Source records
▬▬▬▬▬▬

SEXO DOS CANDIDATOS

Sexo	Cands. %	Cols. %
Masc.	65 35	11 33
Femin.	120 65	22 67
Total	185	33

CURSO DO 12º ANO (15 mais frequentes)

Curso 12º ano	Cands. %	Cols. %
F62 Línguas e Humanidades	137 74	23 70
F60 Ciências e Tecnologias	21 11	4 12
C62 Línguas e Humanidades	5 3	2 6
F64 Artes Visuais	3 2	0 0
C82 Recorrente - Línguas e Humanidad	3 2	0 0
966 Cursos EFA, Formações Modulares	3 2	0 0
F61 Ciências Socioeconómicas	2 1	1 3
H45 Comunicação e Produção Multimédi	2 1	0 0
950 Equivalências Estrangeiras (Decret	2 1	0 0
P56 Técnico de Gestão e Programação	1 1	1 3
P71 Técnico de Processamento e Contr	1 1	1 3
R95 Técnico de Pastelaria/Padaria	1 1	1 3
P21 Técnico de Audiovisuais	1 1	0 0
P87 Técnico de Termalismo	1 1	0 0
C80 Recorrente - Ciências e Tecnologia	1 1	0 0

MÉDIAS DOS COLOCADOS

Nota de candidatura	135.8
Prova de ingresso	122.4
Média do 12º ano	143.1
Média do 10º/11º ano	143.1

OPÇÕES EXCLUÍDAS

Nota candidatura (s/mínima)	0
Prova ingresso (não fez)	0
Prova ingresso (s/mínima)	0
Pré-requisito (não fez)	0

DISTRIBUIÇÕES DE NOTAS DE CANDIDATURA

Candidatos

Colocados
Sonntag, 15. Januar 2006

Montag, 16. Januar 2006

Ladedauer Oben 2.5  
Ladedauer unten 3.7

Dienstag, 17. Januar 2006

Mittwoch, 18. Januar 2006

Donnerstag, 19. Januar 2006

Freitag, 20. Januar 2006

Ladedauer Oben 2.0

▬▬▬▬▬▬

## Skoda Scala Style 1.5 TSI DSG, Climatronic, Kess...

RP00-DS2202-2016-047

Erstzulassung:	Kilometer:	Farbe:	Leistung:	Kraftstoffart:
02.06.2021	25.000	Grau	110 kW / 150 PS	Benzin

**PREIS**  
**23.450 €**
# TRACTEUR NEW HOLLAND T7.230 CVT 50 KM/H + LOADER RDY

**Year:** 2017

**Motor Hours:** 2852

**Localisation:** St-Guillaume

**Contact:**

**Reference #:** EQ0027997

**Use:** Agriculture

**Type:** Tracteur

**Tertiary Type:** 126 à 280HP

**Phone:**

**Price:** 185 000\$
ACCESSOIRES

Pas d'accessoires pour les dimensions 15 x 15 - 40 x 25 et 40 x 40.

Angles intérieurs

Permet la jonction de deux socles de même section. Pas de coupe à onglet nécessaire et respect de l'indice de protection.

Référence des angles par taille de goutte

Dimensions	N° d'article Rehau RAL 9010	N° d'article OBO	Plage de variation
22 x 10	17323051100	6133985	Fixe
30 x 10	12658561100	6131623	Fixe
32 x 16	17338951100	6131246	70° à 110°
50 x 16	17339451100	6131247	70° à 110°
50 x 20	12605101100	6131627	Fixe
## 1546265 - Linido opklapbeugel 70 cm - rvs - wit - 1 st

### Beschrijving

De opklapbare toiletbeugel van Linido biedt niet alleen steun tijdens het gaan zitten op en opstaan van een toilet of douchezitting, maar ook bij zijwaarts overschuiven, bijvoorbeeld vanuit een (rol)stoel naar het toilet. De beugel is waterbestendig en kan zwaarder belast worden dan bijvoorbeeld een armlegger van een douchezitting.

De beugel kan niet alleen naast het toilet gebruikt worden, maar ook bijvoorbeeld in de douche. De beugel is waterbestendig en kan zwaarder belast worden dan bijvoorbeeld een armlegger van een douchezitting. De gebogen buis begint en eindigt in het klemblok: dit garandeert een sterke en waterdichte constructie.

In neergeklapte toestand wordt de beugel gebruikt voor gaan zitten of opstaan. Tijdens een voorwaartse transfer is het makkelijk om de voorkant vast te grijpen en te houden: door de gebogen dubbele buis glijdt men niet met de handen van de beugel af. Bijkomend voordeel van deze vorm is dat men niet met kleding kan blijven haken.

▬▬▬▬▬▬

◆ PROBLEM DESCRIPTION ◆
Copy out each line of the entries where the word "douchezitting" is found.

◆ ANSWER SPACE ◆
De opklapbare toiletbeugel van Linido biedt niet alleen steun tijdens het gaan zitten op en opstaan van een toilet of douchezitting, maar ook bij zijwaarts overschuiven, bijvoorbeeld vanuit een (rol)stoel naar het toilet. De beugel is waterbestendig en kan zwaarder belast worden dan bijvoorbeeld een armlegger van een douchezitting.
De beugel kan niet alleen naast het toilet gebruikt worden, maar ook bijvoorbeeld in de douche. De beugel is waterbestendig en kan zwaarder belast worden dan bijvoorbeeld een armlegger van een douchezitting. De gebogen buis begint en eindigt in het klemblok: dit garandeert een sterke en waterdichte constructie.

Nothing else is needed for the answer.